### Input data:
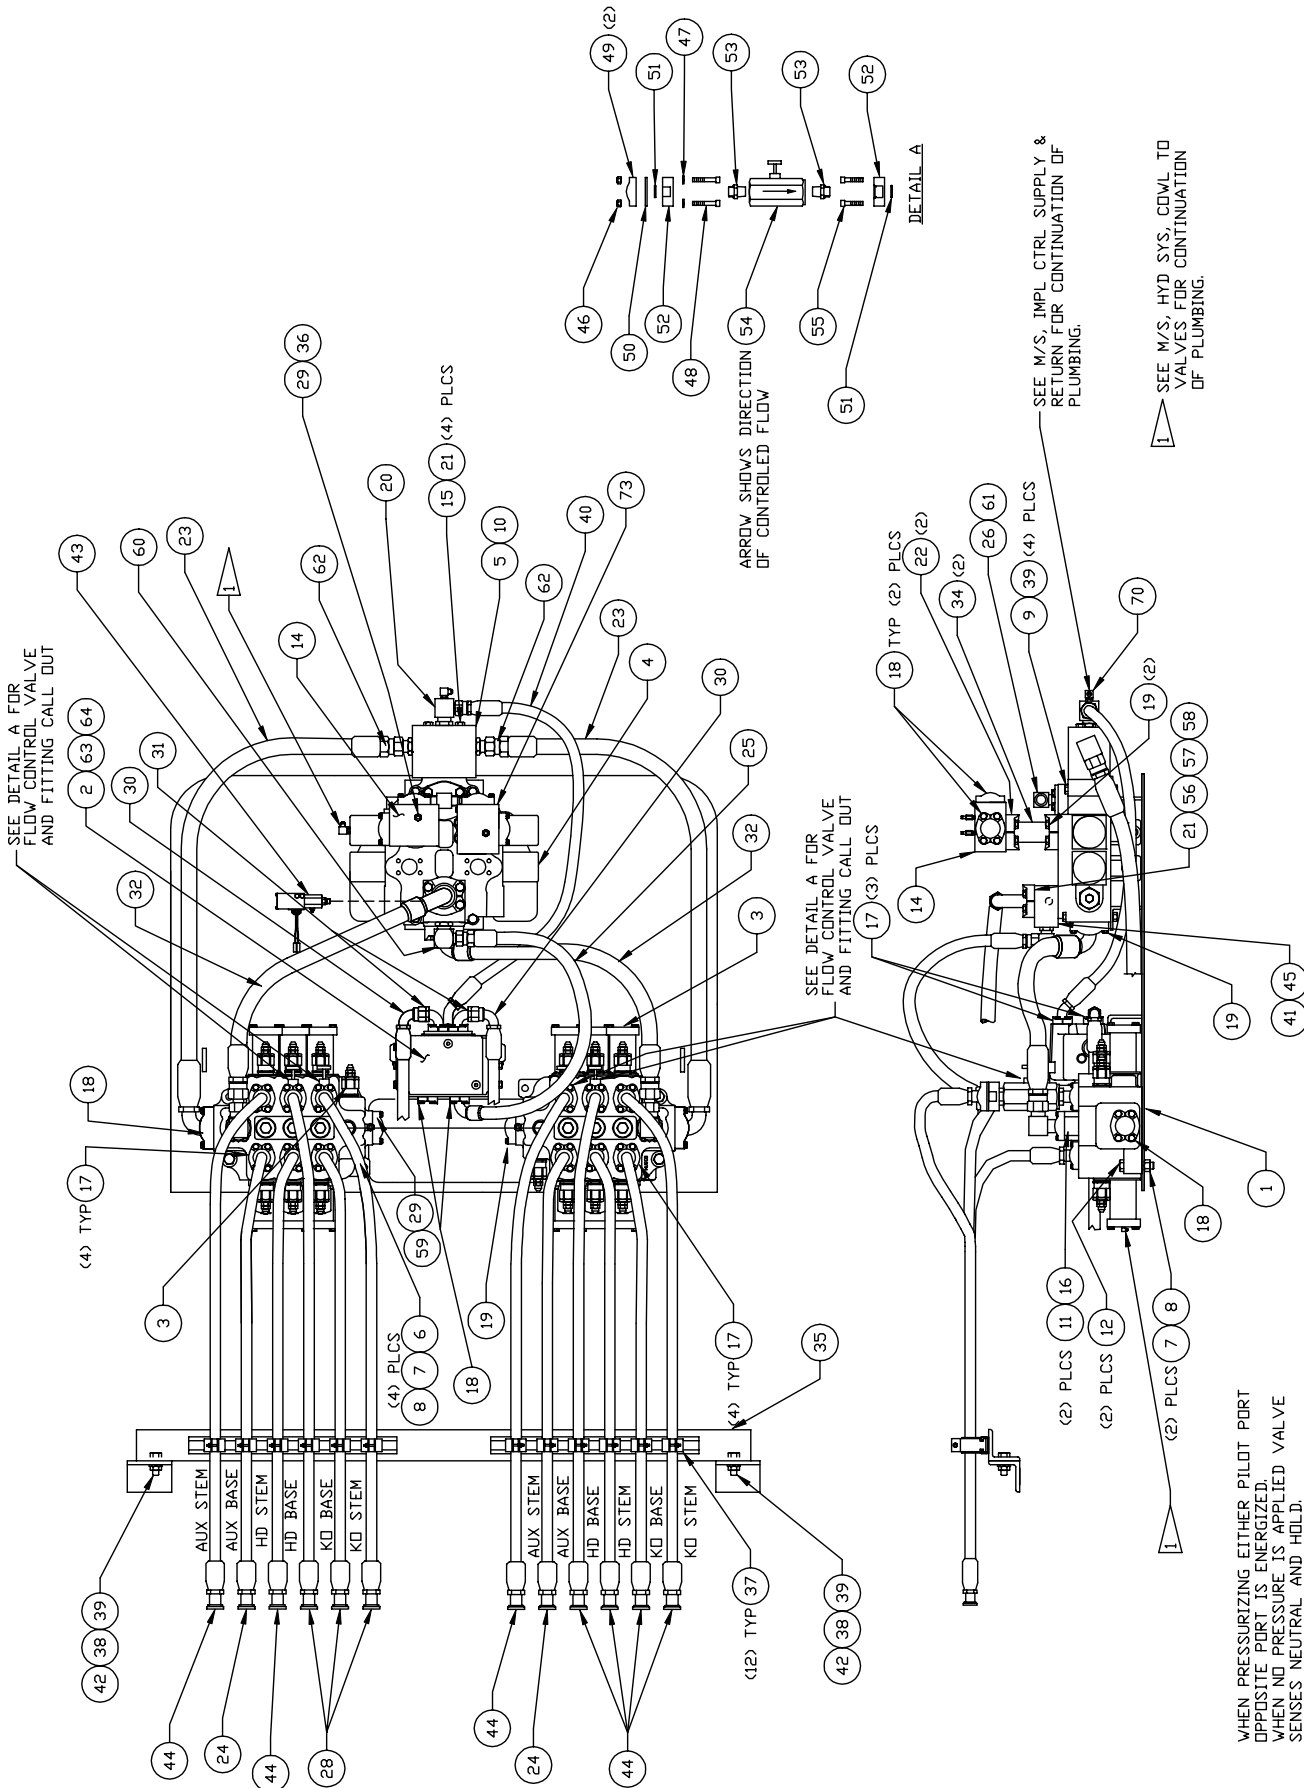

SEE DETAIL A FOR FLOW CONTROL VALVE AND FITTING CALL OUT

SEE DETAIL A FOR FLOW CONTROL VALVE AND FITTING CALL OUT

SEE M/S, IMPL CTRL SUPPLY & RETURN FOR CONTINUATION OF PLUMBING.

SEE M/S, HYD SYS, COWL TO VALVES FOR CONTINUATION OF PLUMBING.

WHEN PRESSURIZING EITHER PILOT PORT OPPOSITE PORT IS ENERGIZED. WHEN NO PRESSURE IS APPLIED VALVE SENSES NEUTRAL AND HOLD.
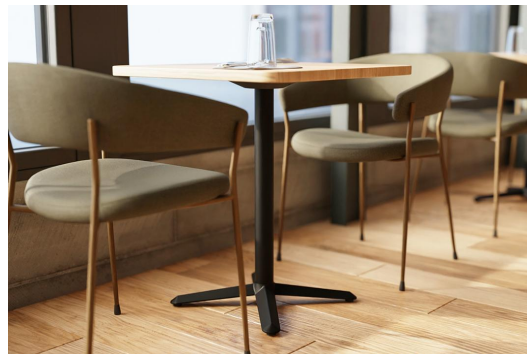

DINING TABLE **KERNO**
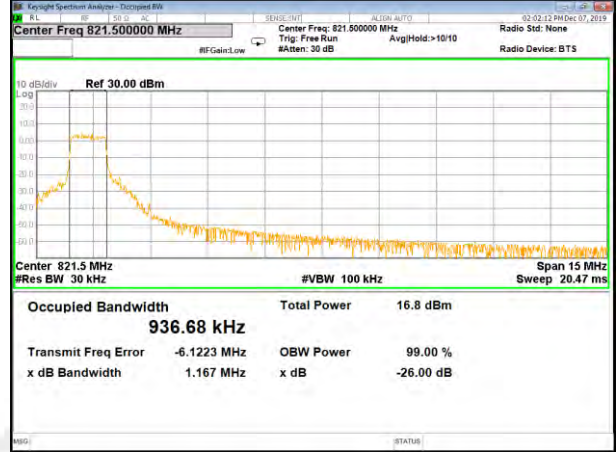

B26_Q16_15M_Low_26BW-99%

### What is expected:
Exact copy, pictures excluded: print only the lines from the line containing "SEE M/S, HYD" through the end of the records.

### Solution:
SEE M/S, HYD SYS, COWL TO VALVES FOR CONTINUATION OF PLUMBING.

WHEN PRESSURIZING EITHER PILOT PORT OPPOSITE PORT IS ENERGIZED. WHEN NO PRESSURE IS APPLIED VALVE SENSES NEUTRAL AND HOLD.

DINING TABLE **KERNO**

B26_Q16_15M_Low_26BW-99%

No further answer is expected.